By the time we got to The Forum , The Steve Hillage Band was already on stage, playing “Love Guitar” ,one of my favourite soppy songs.  The audience didn’t seem quite warmed up at that point and so we reckon we must have arrived pretty much close to the start of the proceedings.

(double-click on the photos to see them in full-screen)

Steve Hillage Band-The Forum-27/11/2009

Left to right

Miquette Giraudy Keyboards-Synth-Backing -Vocals-Air Guitar and fun

Steve Hillage –Genius Electric Guitarist, Vocals.

Chris Taylor (I think! at least it’s him on the 2032 new album by Gong) – Drums with a zillion tempo changes

Mike Howlett-Bass-player extra-ordinaire

I know that Steve Hillage and Gong have played The Forum before in 2008, and that they have toured quite a bit in the past 18 months or so,but this is the first time I have seen the “Steve Hillage Band”. The last time I saw Steve Hillage  playing live in a “rock” band,must have been around 1979  or 1980 at The Hammersmith Odeon. Also to my embarrassment, I had never seen Gong live until  last night. Although I know their early albums and the fantastic Japanese import  “Gong Live etc.” (Virgin,1977 ) back to front. If you do not have this double album, try to get one.I got mine on vinyl as a Japanese import around twenty-nine years ago now, but still love it.

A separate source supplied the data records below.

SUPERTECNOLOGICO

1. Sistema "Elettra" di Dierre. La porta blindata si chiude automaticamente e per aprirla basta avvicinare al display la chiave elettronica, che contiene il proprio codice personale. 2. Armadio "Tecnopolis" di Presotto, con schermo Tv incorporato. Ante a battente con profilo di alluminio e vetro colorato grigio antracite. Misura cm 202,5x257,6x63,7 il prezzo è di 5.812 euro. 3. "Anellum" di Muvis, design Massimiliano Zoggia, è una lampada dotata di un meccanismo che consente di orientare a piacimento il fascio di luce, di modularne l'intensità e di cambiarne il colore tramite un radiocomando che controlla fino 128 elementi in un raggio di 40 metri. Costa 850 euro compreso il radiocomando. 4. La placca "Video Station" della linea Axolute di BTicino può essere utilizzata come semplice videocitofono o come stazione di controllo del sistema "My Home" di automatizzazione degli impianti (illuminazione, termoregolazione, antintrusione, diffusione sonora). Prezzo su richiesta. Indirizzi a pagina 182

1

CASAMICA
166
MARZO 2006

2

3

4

Steve Hillage and Gong fans are very difficult to get rid of, as we could tell from the average age of the audience, although there was a minority of teenagers looking blissful while cuddling with their significant others.

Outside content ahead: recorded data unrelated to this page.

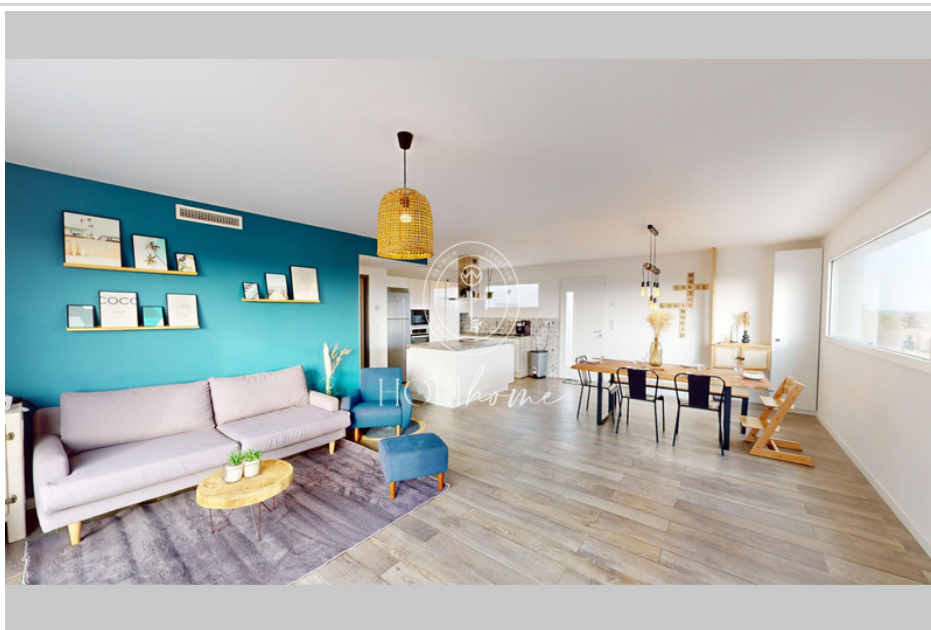

Surface : 115 m²

Vue : Campagne

Eau chaude : Electrique

État intérieur : Bon

Prestations :

Calme absolu, Chambre de plain-pied,
Double vitrage

4 chambres

1 salle de bain

1 salle de douche

2 toilettes

Document non contractuel

25/08/2024 - Prix T.T.C

Maison 2310 Peypin

Venez vous détendre dans cette belle maison individuelle décorée avec gout, dans un cadre verdoyant avec une vue imprenable sur la Sainte Victoire et le Mont Aurélien. Cette villa dispose d'un grand salon avec une cuisine entièrement équipée, un coin repas et un salon. Le couloir dessert une salle d'eau, un toilette séparé, 4 chambres dont une suite parentale avec salle de bain, WC et dressing et une attenante. Un espace de détente salon de jardin, barbecue pour les parents et une aire de jeux pour les enfants à l'extérieur vous attendent pour passer d'agréables vacances. Emplacement idéal au calme à 25 minutes des plages, de Marseille et d'Aix en Provence avec des sentiers de randonnée accessible directement du jardin de la maison. Prix sur demande disponible du 1er Mars au 18 aout 2023
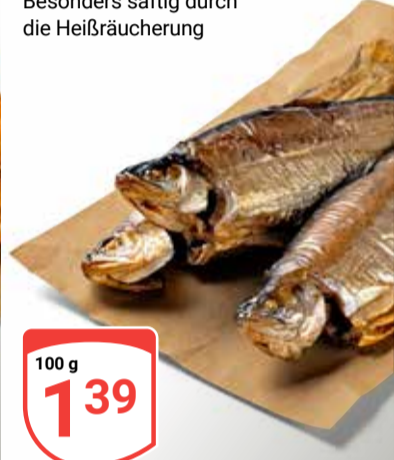

je 100 g
3 89

Geräucherte Forelle
Besonders saftig durch
die Heißräucherung
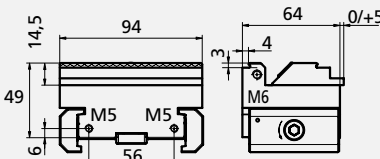

Schraube Screw	Drehmoment Torque		Spannkraft Workholding force		
	Nm	(lb-ft)	~daN	~(lb)	~t
M8	10	7,4	= 400	880	0,4
	20	14,8	= 800	1760	0,8
	30	22,2	= 1200	2650	1,2
	40	29,6	= 1600	3530	1,6

Montageanleitung
Mounting instruction

①

⑥

⑤

③

②

Spindel
Spindle
Ø132

X = 762 mm
Y = 406 mm
Z = 508 mm (102 - 610 mm)

Haas
VF-2-1
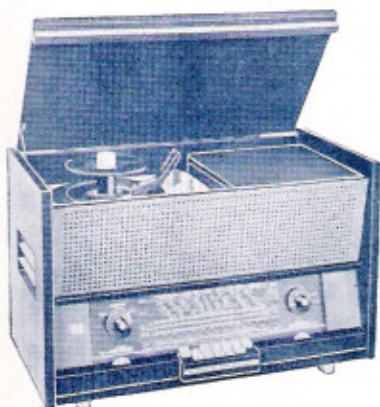

**759-AM/FM.** 7 lampes, 5 gammes. Ebénisterie noyer, H 360 - L 544 - P 282 mm, 11,3 kg.  
Toutes taxes comprises **667,40** ..

**862C-AM/FM.** 6 lampes, 4 gammes. Tourne-disque 4 vitesses, changeur 45 tours. Ebénisterie noyer. H 350 - L 550 - P 355 mm.  
Toutes taxes comprises **717.** » ..

**659C.** 6 lampes, 4 gammes. Tourne-disque 4 vitesses, changeur 45 tours. Ebénisterie noyer, acajou ou chêne. H 307 - L 458 - P 239 mm, 16 kg.  
Toutes taxes comprises **678,68** ..

**859C-AM/FM.** 9 lampes, 5 gammes. Tourne-disque 4 vitesses, changeur 45 tours. Ebénisterie noyer ou chêne. H 420 - L 700 - P 375 mm, 28 kg.  
Toutes taxes comprises **1388,20** ..

**78C-AM/FM.** 7 lampes, 4 gammes. Tourne-disque 4 vitesses, changeur 45 tours. Ebénisterie noyer, grille polystyrène. H 370 - L 470 - P 370 mm, 15 kg.  
Toutes taxes comprises **783,55** ..

**CH59.** 2 lampes. Ebénisterie noyer. H 290 - L 600 - P 359 mm, 14,3 kg.  
Toutes taxes comprises **359,90** ..

We didn’t go there to take photos or film, but we took a few pictures and short clips,like the two above . We went to  have a good time in the audience, not to film, and we did have a great time, my sore  feet, sore neck and sore throat (from singing and dancing along) are testimony to this, so I’ll stop writing now and put up some photos and clips enshrined in a couple of comments.

After the first couple of songs, the audience were warmed up and the crowd had swelled, in fact the place was packed out. They had made an early start and this had obviously caught some by surprise. Steve Hillage and his band were on form. Occasionally Hillage seemed to lose confidence with his vocals, as many singers do as they get older, especially if they have not been singing for a decade or two. If you listen to Joni Mitchell in the sixties and now in her sixties, her voice is totally different but it’s good, she has had to change her singing range and vocal style to keep it up.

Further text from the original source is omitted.